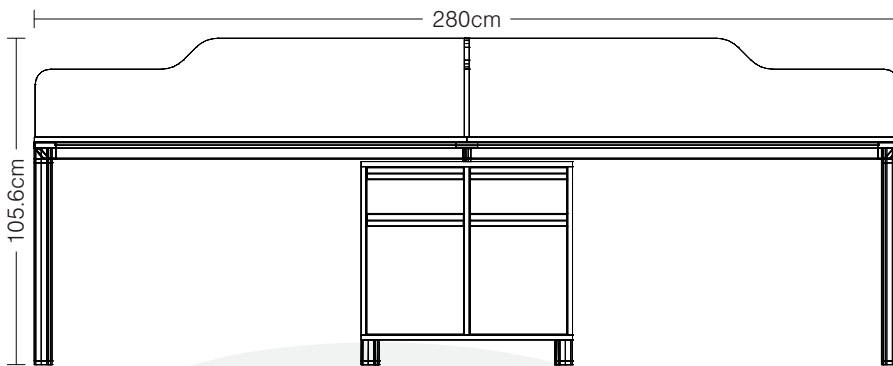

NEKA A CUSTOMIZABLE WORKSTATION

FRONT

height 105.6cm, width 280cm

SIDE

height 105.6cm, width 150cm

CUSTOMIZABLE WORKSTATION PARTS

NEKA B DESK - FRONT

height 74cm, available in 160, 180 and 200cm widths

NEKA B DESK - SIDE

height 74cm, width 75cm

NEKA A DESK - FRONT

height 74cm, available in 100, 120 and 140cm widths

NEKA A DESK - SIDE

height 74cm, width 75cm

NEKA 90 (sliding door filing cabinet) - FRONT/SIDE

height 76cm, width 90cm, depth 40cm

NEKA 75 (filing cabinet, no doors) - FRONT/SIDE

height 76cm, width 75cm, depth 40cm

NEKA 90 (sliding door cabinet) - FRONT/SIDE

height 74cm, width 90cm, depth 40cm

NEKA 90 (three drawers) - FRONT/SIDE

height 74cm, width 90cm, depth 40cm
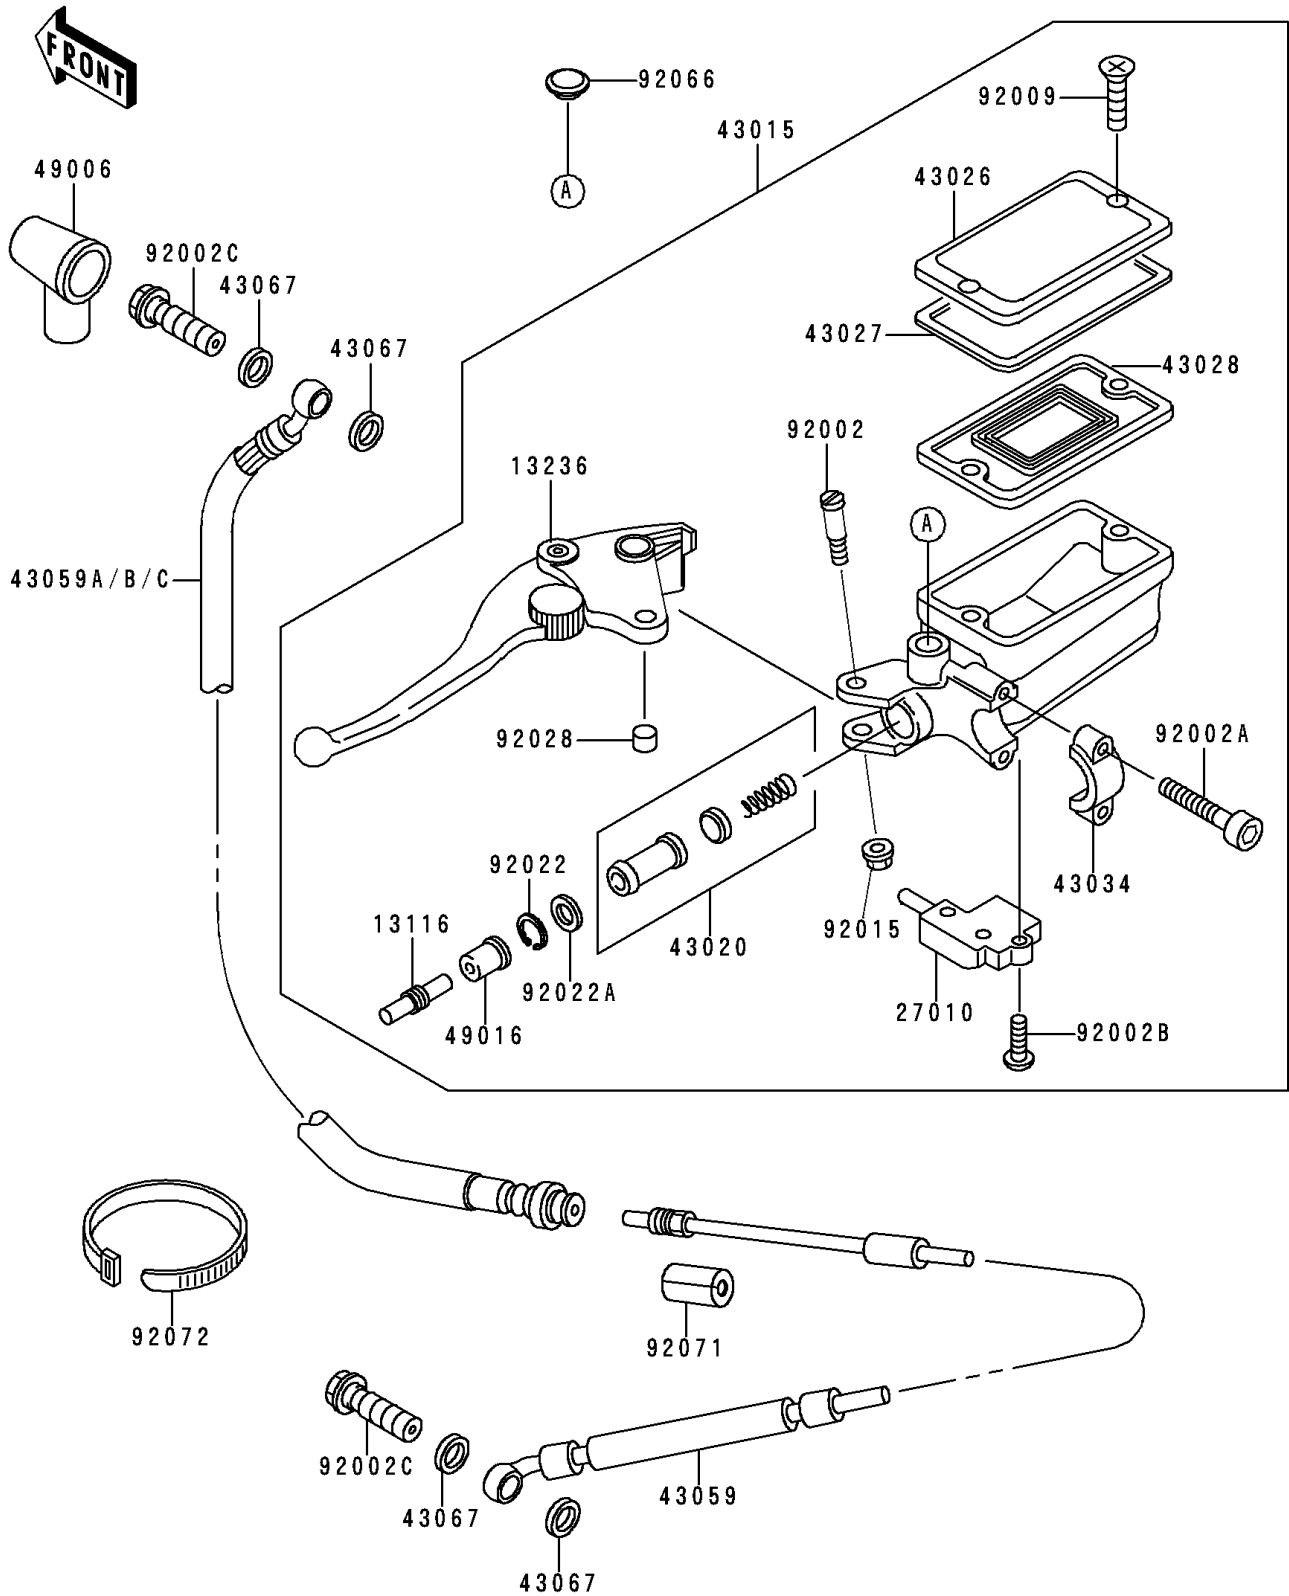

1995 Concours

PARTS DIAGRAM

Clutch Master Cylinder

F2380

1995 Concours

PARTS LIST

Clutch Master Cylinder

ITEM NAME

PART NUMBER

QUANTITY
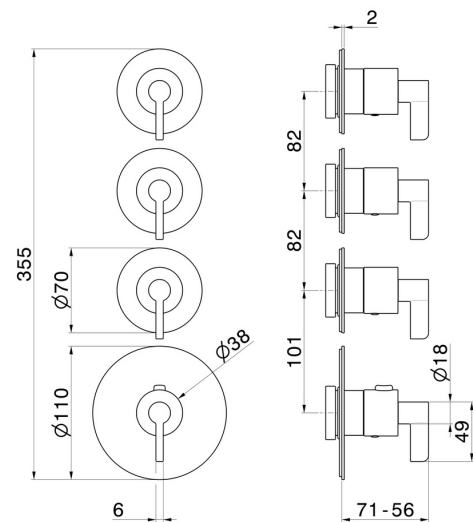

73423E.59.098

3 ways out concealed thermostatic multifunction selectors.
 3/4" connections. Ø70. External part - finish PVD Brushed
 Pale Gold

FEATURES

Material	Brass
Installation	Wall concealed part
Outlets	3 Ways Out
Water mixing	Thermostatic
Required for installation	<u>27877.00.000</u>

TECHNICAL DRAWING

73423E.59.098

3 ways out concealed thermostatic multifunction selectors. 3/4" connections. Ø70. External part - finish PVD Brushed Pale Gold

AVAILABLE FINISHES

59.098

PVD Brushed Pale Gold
◆ ◆ ◆ ◆ ◆
Each line from the first line of the material above through the line containing "NEKA A DESK - FRONT" is to be reproduced exactly, with both ends kept and pictures left out.

# [REPLY TO THE EXERCISE]
NEKA A CUSTOMIZABLE WORKSTATION

FRONT

height 105.6cm, width 280cm

SIDE

height 105.6cm, width 150cm

CUSTOMIZABLE WORKSTATION PARTS

NEKA B DESK - FRONT

height 74cm, available in 160, 180 and 200cm widths

NEKA B DESK - SIDE

height 74cm, width 75cm

NEKA A DESK - FRONT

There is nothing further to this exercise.